### TASK DIRECTIONS
For each line in the data below that holds "Body", return a copy.

### SOURCE DATA
*** Block opens ***

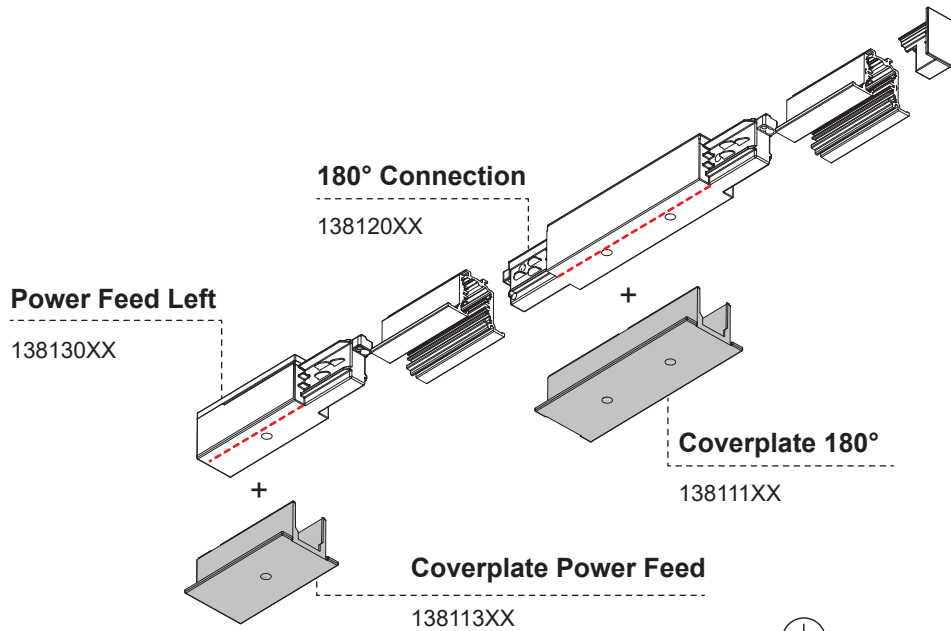

# Track 230V recessed and rails system

138100XX\_138101XX\_138102XX\_138111XX\_138112XX\_138113XX\_13814000

## 13814000 Mounting Bracket Recessed
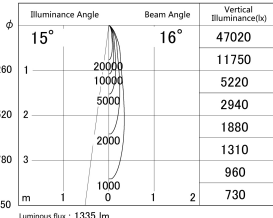

Item no. DD161-1515MB9035-FX-TL

Series Name: AMMA Φ80 series Lens type Fixed Antiglare (DD161-AG-FX)

■ Lighting Distribution Curve (cd/1000 lm)

Installation	Recessed mount
Type	High-efficiency antiglare type fixed downlight
Fixture wattage	14W
Beam angle	16deg
Color Temp.	3500K
CRI	Ra>90
Luminous	1333 lm
Body	Die-castaluminumalloy
Body finish	N/A
Trim finish	Black
Reflector finish	Mirror
IP Rate	IP20
Light source	COB module
Input Voltage	AC220~240V
Dimming Type	Non-Dimmable
Certificate	CE,CCC
Cut Hole	80mm
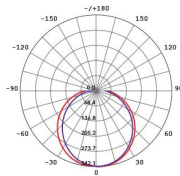

Technical Specification

Model No.	Input Voltage (V/AC)	Power (W)	Lumens (lm)	CCT (K)	CRI	Beam Angle (°)
SL7271CW/WH/S	240	15	1050	4000	80	110
SL7271CW/BK/S	240	15	1050	4000	80	110

Model No.	Body Colour	Dim (mm)
SL7271CW/WH/S	WHITE	233(L) x 133(W) x 68(H)
SL7271CW/BK/S	BLACK	233(L) x 133(W) x 68(H)

Dimensions

Photometric Data

Unit: cd C0/C180 — C90/C270 —

SL7271CW/WH at 4000K

PIXIE AMBIENCE, CHANGE YOUR COLOUR TO MATCH YOUR STYLE.

The innovative PIXIE AMBIENCE SWITCH PLATES have been designed with the end user and installer in mind, allowing you to change the colour face plate as fashion demands.

*** Block closes ***

### THE ANSWER
Body	Die-castaluminumalloy
Body finish	N/A
Model No.	Body Colour	Dim (mm)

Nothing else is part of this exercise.